Stabenow, Dana - Prepared For Rage
Page 4
Each time they had hesitated, and each time he had eluded them. But now, now Akil had seen the proof with his own eyes. He might have been able to ignore this report as just another rumor, but this time the news was not only on CNN and the BBC but on Al Jazeera as well.
On a summer evening in Iraq, Zarqawi, his wife, and his eighteen-month-old daughter were killed by two bombs dropped from American jets. Photographs of his body, including close-ups of the all-too-familiar features of his face, even distorted in the rictus of a horrible death, were too clear to be disbelieved.
"Today, Zarqawi has been terminated," Nouri al-Maliki, the thrice-cursed Iraqi puppet, said from his American-built stage. "Every time a Zarqawi appears we will kill him. We will continue confronting whoever follows his path. It is an open war between us."
An open war, and a holy war. In truth, jihad. "How did they find the safe house?"
Karim lowered his voice. "It is said that the Americans had been tracking him for some time."
"Yes, yes," Akil said impatiently, "but this we all knew. They almost had him half a dozen times this year alone. But the safe house, Karim, how did they know of the safe house?"
The rest of the men had squatted just far enough away so that they might be out of earshot. Or might not. Karim satisfied himself with an eloquent look.
And how else, Akil thought, surveying the room over Karim's shoulder, allowing his eyes to sort through their faces. How else but an informant? But which one? Saad, whose Saudi ties he had always suspected? Jumah, who alone among the Jordanians in the cell had been very angry over the planned chemical attack in Amman?
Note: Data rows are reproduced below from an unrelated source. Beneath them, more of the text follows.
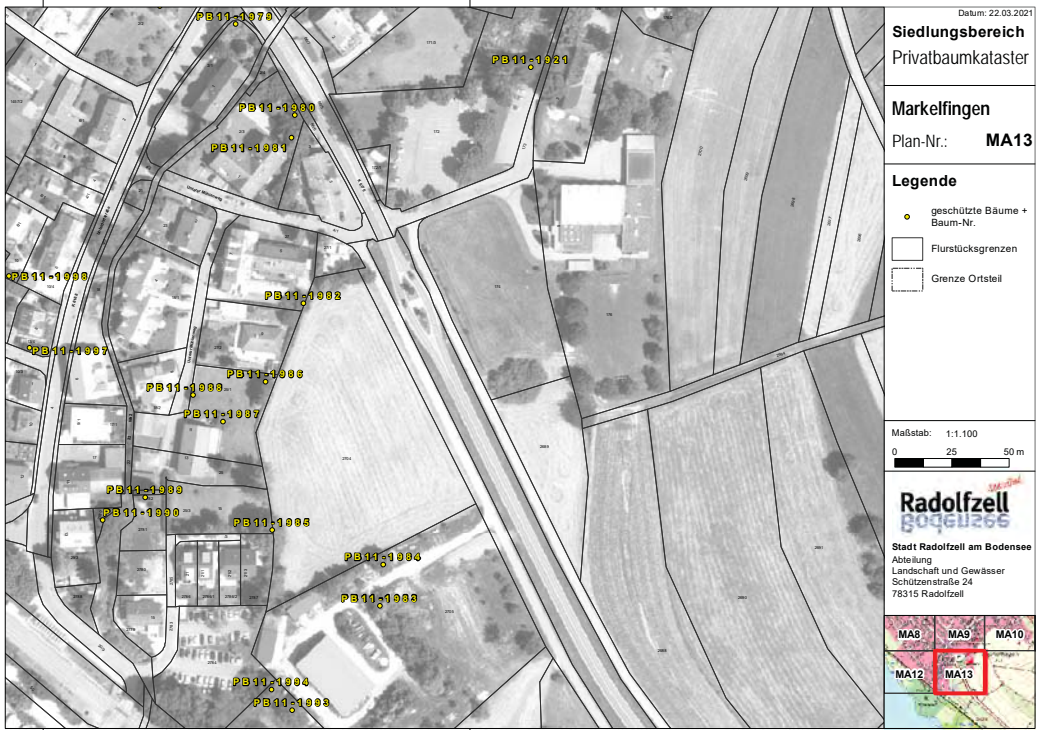

## BODENLEBEN

**Siedlungsbereich**  
**Geschützte Einzelbäume**

**- Markelfingen -**

Datum: 22.03.2021

**Siedlungsbereich**  
Privatbaumkataster

**Markelfingen**  
Plan-Nr.: **MA13**

**Legende**

- geschützte Bäume + Baum-Nr.
- Flurstücksgrenzen
- Grenze Ortsteil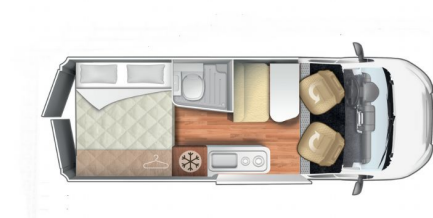

POSTI OMOLOGATI

4

POSTI LETTO

4

DISPOSIZIONE

LETTO MATRIMONIALE IN CODA, CUCINA IN LINEA, BAGNO E DINETTE CON SEDILI GIREVOLI

45.740,00 Euro

DOTAZIONI

CLIMA MANUALE

AIRBAG GUIDATORE E PASSEGGERO

CRUISE CONTROL

PARAURTI VERNICIATO

GRIGLIA FRONTALE, CORNICE FARI E SKID-PLATE NERI

OSCURANTE CABINA PLISSETTATO

FODERE SEDILI CABINA

ZANZARIERA PORTELLONE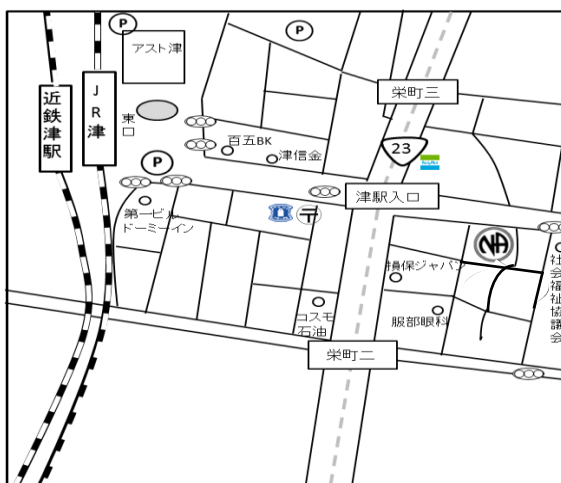

日 17:00~18:00

オープン・文献スタディー

三重 オハナ
Mie O'hana グループ

※ 会場内禁煙

※ 祝祭日、年末年始変更あり

住所

三重県津市栄町 3-130

三重ダルク内2階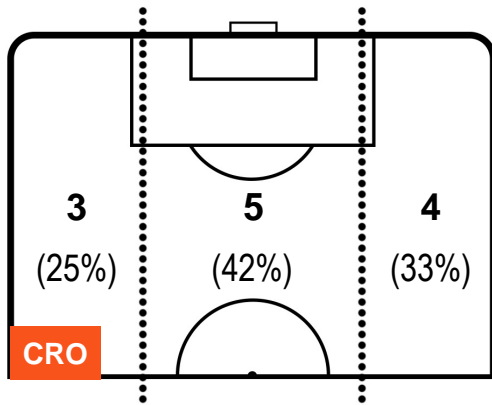

CROTONE CRO 0 3 MIL MILAN

POSIZIONI MEDIE POSSESSO PALLA (avversario)

- Legenda:**
- 1ª Sostituzione Giocatore Entrato Giocatore Uscito
 - 2ª Sostituzione Giocatore Entrato Giocatore Uscito Giocatore Entrato in sostituzione di
 - 3ª Sostituzione Giocatore Entrato Giocatore Uscito Giocatore Entrato in sostituzione di

CROTONE

CRO 0

3 MIL

MILAN

BARICENTRO

BILANCIAMENTO OFFENSIVO

CROTONE

CRO 0

3 MIL

MILAN

ZONE DI TIRO

0	Gol	3
3	In porta	10
3	Fuori Porta	6

CROSS IN GIOCO

PALLE RECUPERATE

CROTONE

CRO 0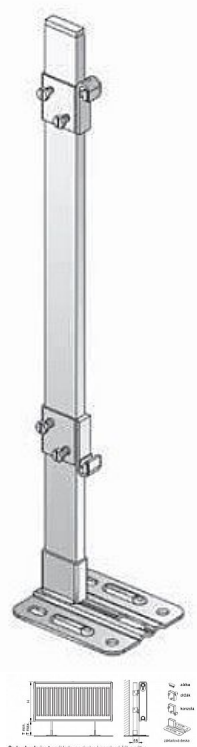

Korado Z-U210 stojánková konzole vnější

» Topenářský materiál » Příslušenství

Kód produktu

10035

EAN

8590822992291

Detailní informace KORADO KORAMONT RADIK Konzola stojánková vnější 300-900 Z-U210 KORADO KORAMONT RADIK Konzola stojánková vnější 300-900 Z-U210 Popis: - určena pro všechny modely a typy s navařenými příchytkami, kromě typu 10 modelů RADIK VKM/VKM-L, RADIK VKM8, RADIK PLAN/LINE VKM a RADIK PLAN/LINE VKM8 - pro upevnění otopného tělesa jsou využity navařené příchytky - vyžaduje objednání 2 samostatných položek (sada + nosný profil) a jejich kompletaci při montáži otopného tělesa - volba n

Dostupnost na hlavním skladě:

skladem

Parametry

Výrobce

Korado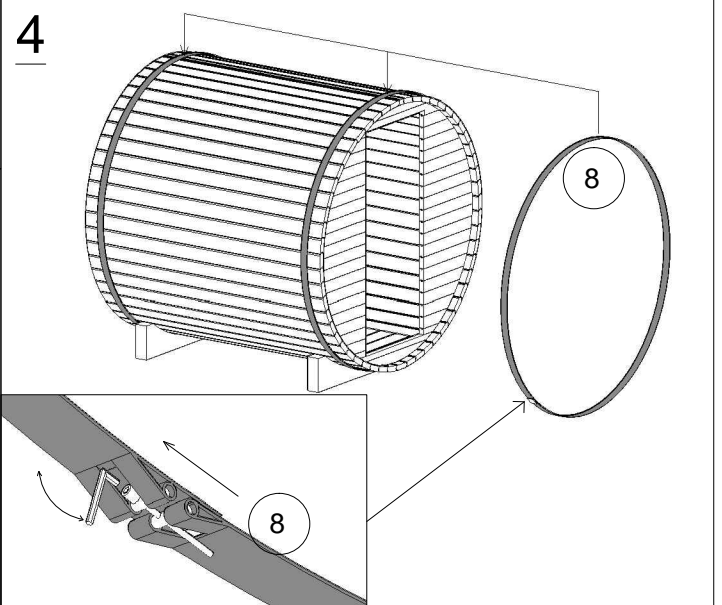

Sauna barrel 2m. 1.9Ø

1. SAUNA BARREL- 2М. 1.9Ø

No.		Detail	Pcs	Dimension (x, y, z) mm
1			2	245 x 1300 x 90
2			1	130 x 2000 x 38
3			27 - 35	119 x 2000 x 38
4			27 - 35	119 x 2000 x 38
5			1	76 x 2000 x 38
6			1	1900 x 1900 x 38
7			1	1900 x 1900 x 38
8			2	6070 x 50
9			8	1. 665 x 24 x 24
			8	2. 218 x 24 x 24
10			2	631 x 186 x 6
11			2	57 x 1710 x 45
12			1	715 x 545 x 18
13			1	715 x 540 x 18
14			1	715 x 595 x 18
15			1	1600 x 700 x 65
16			2	70 x 820 x 18
17			3	70 x 1570 x 18
17.1			1	70 x 1570 x 18
17.2			1	70 x 800 x 18
18			6	440 x 440 x 52

1. Sauna barrel 2m. 1.9ø

1

2

3

2. Sauna barrel 2m. 1.9ø

1

3

2

B

D

3. Sauna barrel 2m. 1.9ø

1

3

4

2

5

6

4. Sauna barrel 2m. 1.9ø

5. Sauna barrel 2m. 1.9ø

6. Sauna barrel 2m. 1.9ø

7. Sauna barrel 2m. 1.9ø

1

3

2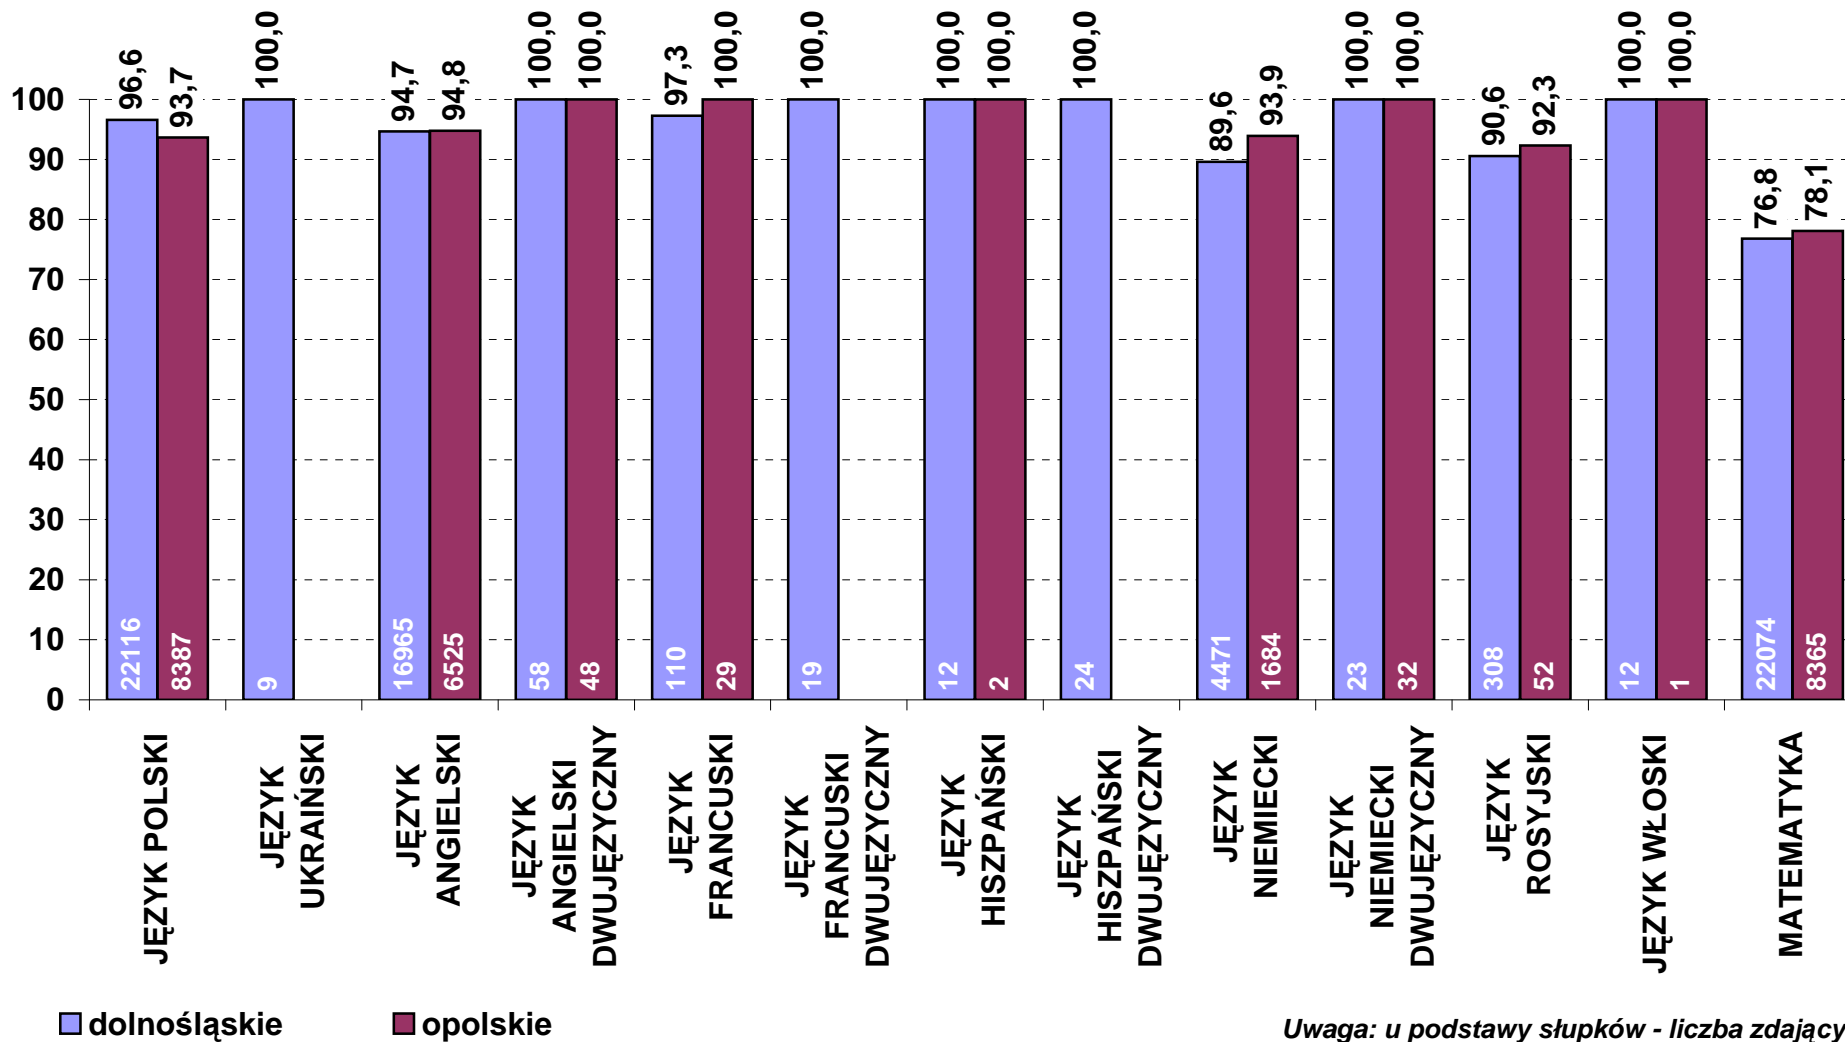

*Tutaj także wyniki egzaminów z języków obcych na poziomie dwujęzycznym.

**Zdawalność egzaminów pisemnych (obowiązkowych) w 2011 r. wg przedmiotów
- zdający po raz pierwszy (stan na dzień 30 czerwca)**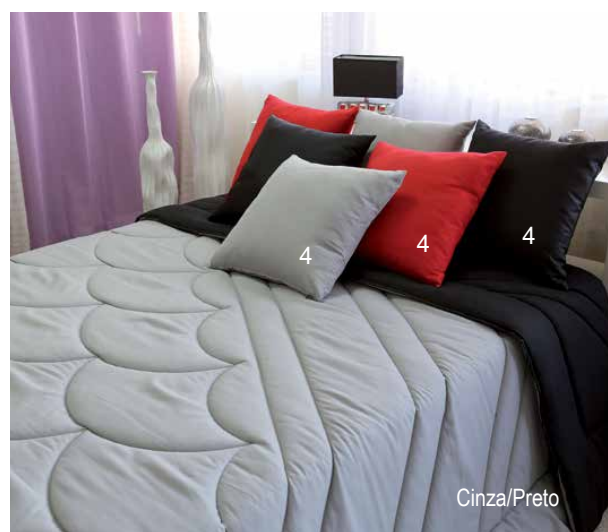

Azul Marinho/Turquesa

Preto/Vermelho

Castanho/Bege

Cinza/Preto

TAMANHOS / TAMAÑOS / SIZES

CASAL

250x260 cm

SOLTEIRO

"Who will lead us now, Akil?"
Karim's voice brought Akil back from his speculations. He raised his palms with a shrug. "Allah will dispose."
Karim was not to be so diverted. "It should be you, Akil. You walked beside him for the last seven years. You were his first recruit after he was released from prison."
"I am not Jordanian, Karim."
"It should not matter. You were with him when he made bay'ah to bin Laden, both times you swore allegiance side by side."
"But they thought we were killing the wrong people, Karim. They said so, time and again."
"You were killing the enemy!"
Faces turned at Karim's raised voice. "Gently," Akil said, "gently, my friend. Allah shall dispose of me as he sees fit."
"God helps those who help themselves," Karim said tartly.
AMI regarded him with a steady eye. "And where is that written, Karim? I am not familiar with the verse."
Karim ducked his head. "Ay, Akil, you catch me out." He looked up, a smile tugging at the corners of his mouth. "I heard it on an American television program."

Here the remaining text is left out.